Go to the line holding "- **Wrap strap" in the entries below and write out exactly every line down to and including the line holding "Use el dispositivo".

> [Material provided]:
====
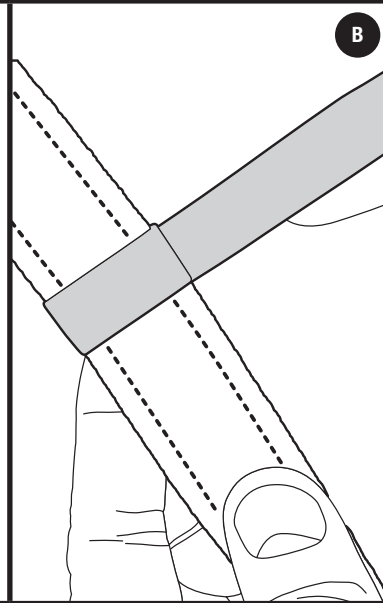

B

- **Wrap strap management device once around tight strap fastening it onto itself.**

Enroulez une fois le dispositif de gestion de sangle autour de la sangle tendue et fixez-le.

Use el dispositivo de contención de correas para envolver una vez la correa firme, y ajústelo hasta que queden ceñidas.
====
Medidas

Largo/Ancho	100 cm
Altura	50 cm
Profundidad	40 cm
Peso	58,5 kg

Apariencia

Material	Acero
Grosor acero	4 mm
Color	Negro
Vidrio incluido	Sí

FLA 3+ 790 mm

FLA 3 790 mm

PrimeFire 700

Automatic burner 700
====
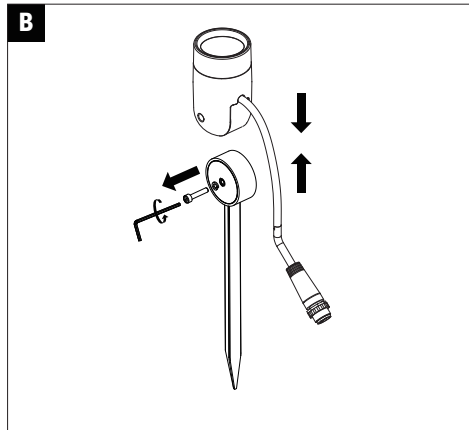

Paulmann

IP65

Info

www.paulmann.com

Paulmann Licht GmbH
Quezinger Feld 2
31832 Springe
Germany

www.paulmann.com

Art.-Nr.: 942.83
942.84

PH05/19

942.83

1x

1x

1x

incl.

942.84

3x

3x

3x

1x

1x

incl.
====
> [Result of the task]:
- **Wrap strap management device once around tight strap fastening it onto itself.**

Enroulez une fois le dispositif de gestion de sangle autour de la sangle tendue et fixez-le.

Use el dispositivo de contención de correas para envolver una vez la correa firme, y ajústelo hasta que queden ceñidas.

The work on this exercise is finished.